Hoje eu acordei querendo ver o mar com vontade de tomar café na minha xícara amarela. Normalmente, eu uso o copo do meu mixer, que tem 800ml e atende de uma vez só a minha necessidade diária de café. Tá chovendo e, ainda que eu não tenha uma poltrona (nem mesmo uma cadeira) pra tomar meu café olhando a chuva, gosto de pelo menos criar mentalmente essa imagem bucólica, enquanto tomo meu café de pé mesmo; gosto de ter pelo menos a ilusão de quando minha vida ainda não havia chegado ao nível de tomar café no copo do mixer.
Hoje, além da chuva, acordei com os paspalhos do marketing comemorando, naquela rede social “de empregos” cujo nome não deve ser dito, a famigerada indexação de conteúdos do Instagram no Google. Vou explicar: agora, quando você pesquisar algo no Google, além da porrada de anúncios que ele vai exibir para você, também irão aparecer postagens (relacionadas ao que você pesquisou, ou não) do Instagram. Essa gente que entope os escritórios em São Paulo e tomam muito mais que 800ml de café por dia, está feliz porque Tiamat tem uma nova cabeça. As editoras terão que correr para atualizar O Inferno, de Dante, com mais este círculo.
Mas quem sou eu para me preocupar com isso, não é mesmo? Pobre de quem continua achando que só está nutrindo seu álbum de fotos virtual, que agora vai ver (além das toneladas de propaganda) conteúdo inútil, feito para ser lido pelos robôs do vale do silício. Eu deveria só estar aqui, tomando meu café, porque hoje é mais um dos meus 6 dias de trabalho. Que mal tem se, agora, verei mais uma linha nas exigências para vagas de redator:
- SEO para redes sociais
Eu, que por "melhores condições" de trabalho fui me meter nesse bueiro chamado marketing digital, deveria também estar comemorando que os executivos das big techs vão ficar mais bilionários, que os influencers vão ficar mais ricos e que a empresa que me contratar vai ampliar seu portfólio de serviços. Logo eu, que tomo café descafeinado e tenho uma mudança para fazer num intervalo mínimo de tempo.
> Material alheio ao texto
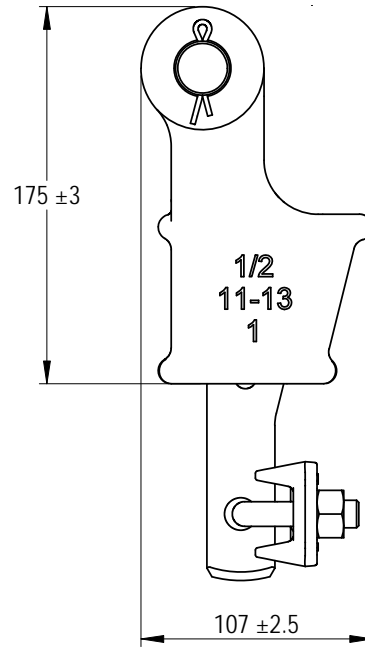

Green Pin® Open Long Wedge Socket CP
 Group : G-6419
 Part : SKGOW013L
 MBL : 20t

SECTION A-A

GP Wire Rope Clip 1/2" (12mm)

Rev.	Description	Date	Drawn
0	First Issue	2022/6/1	DL

Copyright by Van Beest B.V. moreover this document is the property of Van Beest B.V. This document or any part of it may neither be made known, copied or multiplied, nor used for any purpose other than that for which it is specifically furnished, without the prior written consent of Van Beest B.V.

Title **Green Pin® Open Long Wedge Socket CP**
 Open wedge socket with longer wedge, wire rope clip and cotter pin

Remark
 G-6419
 SKGOW013L

Green Pin®
 P.O. Box 57, 3360 AB Sliedrecht (The Netherlands)
 Industrieweg 6, 3361 HJ Sliedrecht
 Tel. +31(0)184-413300 www.greenpin.com

Format	A4	
Scale	1:3.5	
Drawing number	6671	Rev.
		0

We reserve the right to make amendments on specifications in this drawing without prior notification.
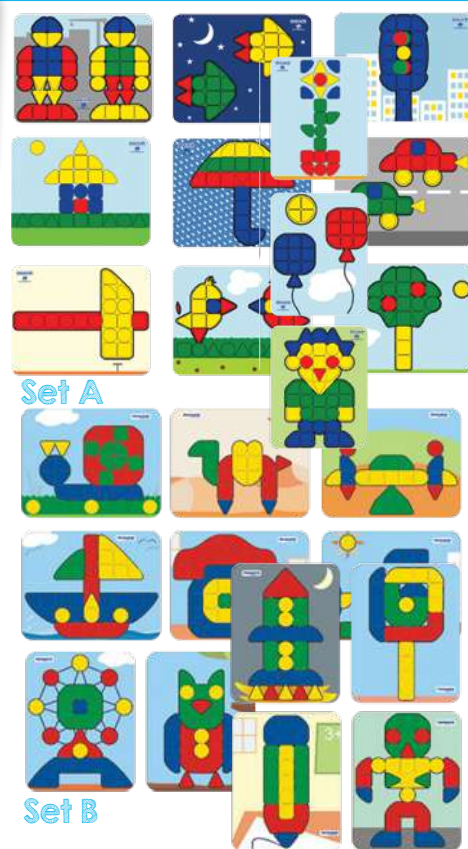

For tiny hands, large size pegs which are easy to handle and fit on the boards. Presented in 4 shapes and 4 different colours it is possible to understand and make exact reproductions of the various models and mosaic patterns, which are easily fixed to the transparent base boards.
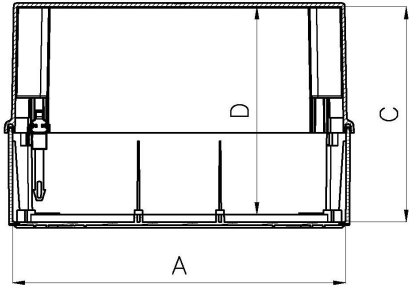

## Basic Internal Dimensions

Dimensions:

	mm	in.
A -	245	9.65
B -	191	7.52
C -	158	6.22
D -	153	6.02

## External Dimensions

All Dimensions are in Millimeters.

Optional Mounting Foot  
Part # MF-97

## Basic Internal Dimensions

Dime	mm	in.
A -	305	12.01
B -	225	8.86
C -	180	7.09
D -	173	6.81

## External Dimensions

All Dimensions are in Millimeters.
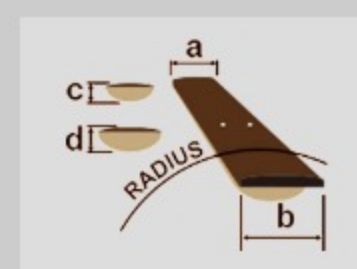

RG7320EX

COLOR VARIATION :

BKF : Black Flat

SHARE :  

SPEC

SPECS

neck type	Wizard II-7 / 3pc Maple neck
top/back/body	Meranti body
fretboard	Jatoba fretboard / White dot inlay
fret	Jumbo frets
number of frets	24
bridge	Edge-Zero II-7 bridge
string space	10.8mm
neck pickup	Quantum 7 (H) neck pickup (Passive/Ceramic)
bridge pickup	Quantum 7 (H) bridge pickup (Passive/Ceramic)
factory tuning	1E,2B,3G,4D,5A,6E,7B
strings	D'Addario® EXL120-7
string gauge	.009/.011/.016/.024/.032/.042/.054
nut	Locking nut
hardware color	Black

NECK DIMENSIONS

Scale :	648mm/25.5"
a : Width	48mm at NUT
b : Width	68mm at 24F
c : Thickness	19mm at 1F
d : Thickness	21mm at 12F
Radius :	400mmR

DESCRIPTION +

SWITCHING SYSTEM

DESCRIPTION

+

CONTROLS

DESCRIPTION
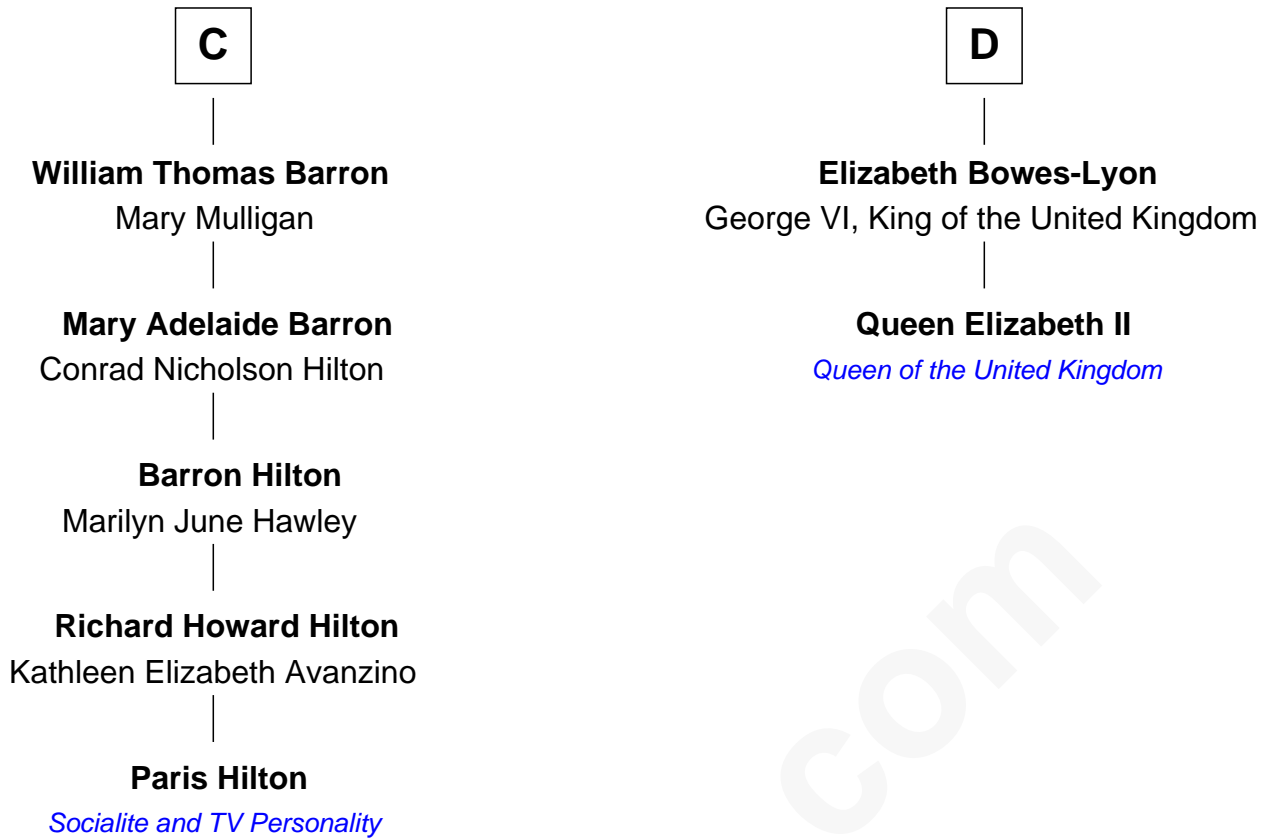

Elizabeth II photo by [Eric Draper](#)
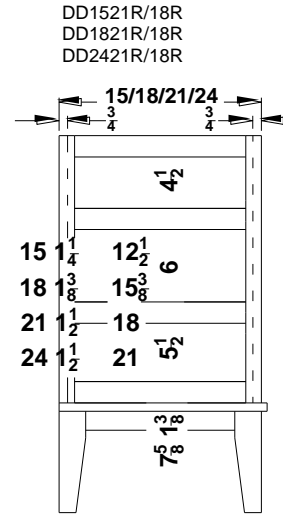

woodpro
CABINETRY

Dresser Components for 66"-96" Vanity 3 Piece Combinations-Overlay Collections

Ashford, Gentry, Lambiere and Valencia

Face frames stiles are 1 1/2" and rails are 1 7/8" except where noted. Cabinet height is 33 1/2". The sill adds 1" to the width of the cabinet. All Dimensions are shown in inches rounded up or down to the nearest 1/8".

Component Widths in Three-Piece Vanity Sets

The listed component widths apply to 66" – 96" wide 3-piece Vanity Sets and Dresser Vanity Sets in Premier Series.

Set Model Number first position will be as follows for the width specifications in the following chart:

- "1" – 1-Bowl Vanity
- "2" – 2-Bowl Vanity
- "5" – 1-Bowl Dresser Vanity
- "6" – 2-Bowl Dresser Vanity

Set Width	No. Bowls	Left Width	Center Width	Right Width	Bowl Center From End
66"	1	18"	30"	18"	--
	2	24"	18"	24"	12"
72"	1	18"	36"	18"	--
	2	27"	18"	27"	13 ½"
78"	1	24"	30"	24"	--
	2	30"	18"	30"	15"
84"	1	24"	36"	24"	--
	2	30"	24"	30"	15"
90"	1	27"	36"	27"	--
	2	36"	18"	36"	18"
96"	1	27"	42"	27"	--
	2	36"	24"	36"	18"
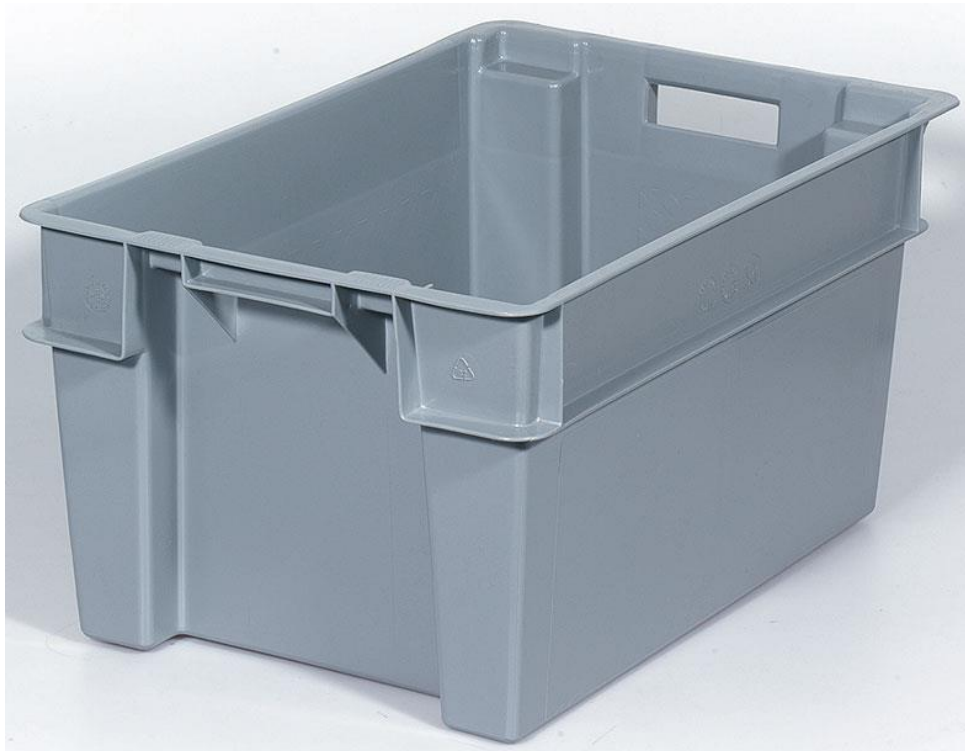

# N 6430

**Dim. Ext.** 600x400x300 mm

**Dim. Int.** 490x335x297 mm

**Capacity:** 49 l

**Standard colour:** grey

**External bottom:** solid smooth

**Walls:** solid

**Handles:** open on short sides (closed on request)

**Weight:** 2,15 kgs

**Single box loading capacity:** 50 kgs

**Standard material:** PP

Customizable by relief printing and hot printing
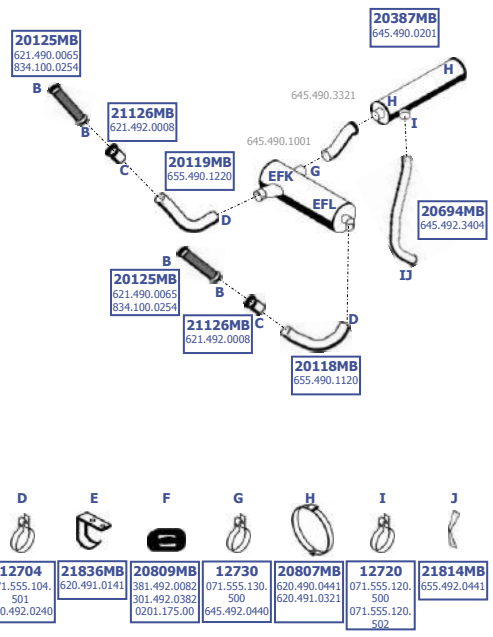

**SPECIAL SYSTEM**  
Extra noise reduction

LHD

Baumuster  
659.038

SA  
26724/18  
26724/32

MB-1120310

Our spare parts are not the originals but interchangeable with the originals ones. All original equipment manufacturer numbers, pictures and models used in this catalogue are for reference only. Our products bear our trade - mark.
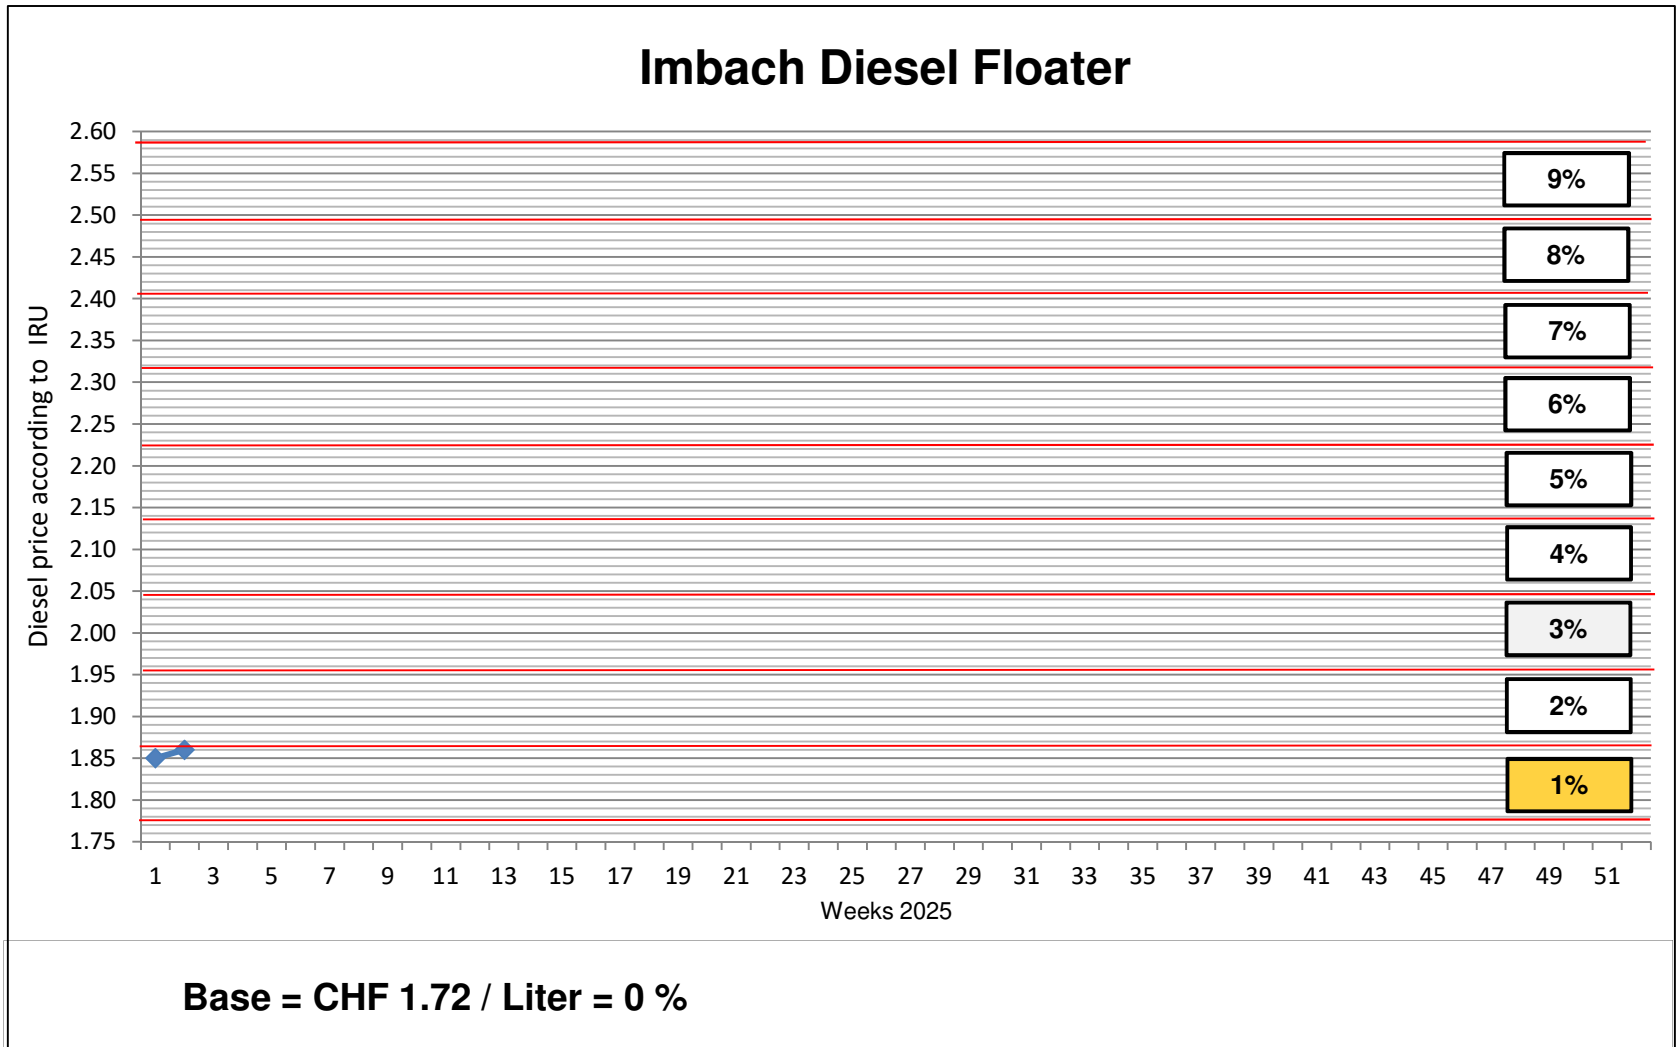

| Diesel prices 2025 (source IRU) | | | |
|---------------------------------|-------|-----------|--------|
| Week | CHF | Average | Surch. |
| 1 | 1.85 | January | 1% |
| 2 | 1.86 | | |
| 3 | | | |
| 4 | | | |
| 5 | 1.855 | | |
| 6 | | February | |
| 7 | | | |
| 8 | | | |
| 9 | | | |
| 10 | | März | |
| 11 | | | |
| 12 | | | |
| 13 | | | |
| 14 | | April | |
| 15 | | | |
| 16 | | | |
| 17 | | | |
| 18 | | | |
| 19 | | Mai | |
| 20 | | | |
| 21 | | | |
| 22 | | | |
| 23 | | June | |
| 24 | | | |
| 25 | | | |
| 26 | | | |
| 27 | | July | |
| 28 | | | |
| 29 | | | |
| 30 | | | |
| 31 | | | |
| 32 | | August | |
| 33 | | | |
| 34 | | | |
| 35 | | | |
| 36 | | September | |
| 37 | | | |
| 38 | | | |
| 39 | | | |
| 40 | | October | |
| 41 | | | |
| 42 | | | |
| 43 | | | |
| 44 | | | |
| 45 | | November | |
| 46 | | | |
| 47 | | | |
| 48 | | | |
| 49 | | December | |
| 50 | | | |
| 51 | | | |
| 52 | | | |

Fuel surcharge
from 01.01.2025 = 1%

Determination fuel surcharge
Determination: Average diesel price of the last month is valid for the following month.

Eu recebo meu pagamento até o quinto dia útil de agosto. No dia 10, o imóvel em que moro deverá estar desocupado. A caução de 3 alugueis que dei para firmar o contrato atual só vai ser devolvida depois do imóvel ser desocupado. Para me mudar para um novo, preciso encontrar um locador que não exija caução. E os vendedores de curso de marketing digital já devem estar correndo para encher ainda mais o rabo de dinheiro com a indexação do Instagram. Eu que me lixe. Eu que me lasque. Eu que me exploda. Quem mandou eu não vender curso?
Enquanto a gente baila ao som da especulação imobiliária, a média de uma kitchenette (kitnet? Kitnete? Quitinete? Quitnet?) decente é R$ 1200. Com muita sorte (da qual eu vou precisar), se acha opções interessantes na faixa dos R$ 850. Se você não se importar com a falta de forro, de azulejo nos banheiros, de separação sólida entre o fogão e a cama, de uma bancada na pia da cozinha que caiba uma panela de pressão, de tampa no vaso sanitário, de ao menos uma (01) janela (!), dá para achar coisa bem mais em conta. Notem que eu não chamei de imóvel, chamei de "coisa". Imóvel é um conceito ultrapassado: uma garagem com alguns cobogós e poucas folhas de drywall podem render uns R$ 750 a mais na conta de donas-marias e seus-josés por aí, fácil. E vai (com toda certeza vai!) ter gente precisando morar nessas coisas. Estamos em um momento muito produtivo da humanidade, no qual damos graças a Deus™ por ter um celular para nos fazer dar risada, voltando de empregos que drenam 12h do nosso dia, para descansar em algum muquifo que não bate sol. Produzimos cada vez mais formas sem conteúdo; níveis cada vez mais baixos de pobrezas possíveis e resignações cada vez mais eficazes.
Eu, que já trabalhei com locação de imóveis, consigo mensurar em pormenores as diferenças de preço e qualidade daquela época para agora - o conhecimento sempre sendo uma peste. Conhecimento? Melhor não tê-lo. Posso ter abandonado o Instagram e não sofrer com esta última dobra na produção de conteúdo para internet. Vou assistir de longe como as empresas e pessoas que dependem do seu perfil profissional para trabalhar irão se desdobrar para cumprir os requisitos das novas regras que a ocupação de espaço nas redes terá. Mas da preocupação com onde vou morar mês que vem, não posso.
Conhecimento, entendimento das coisas e olhos treinados para interpretar mudanças pequenas como essa (me refiro ao Instagram chegando no Google) não servem de nada quando não se tem um mecanismo para ação. De que me adianta ter tido essa notícia jogada na minha cara, quando eu tenho uma mudança (grande) real para fazer e sequer tenho dinheiro para pagar o frete?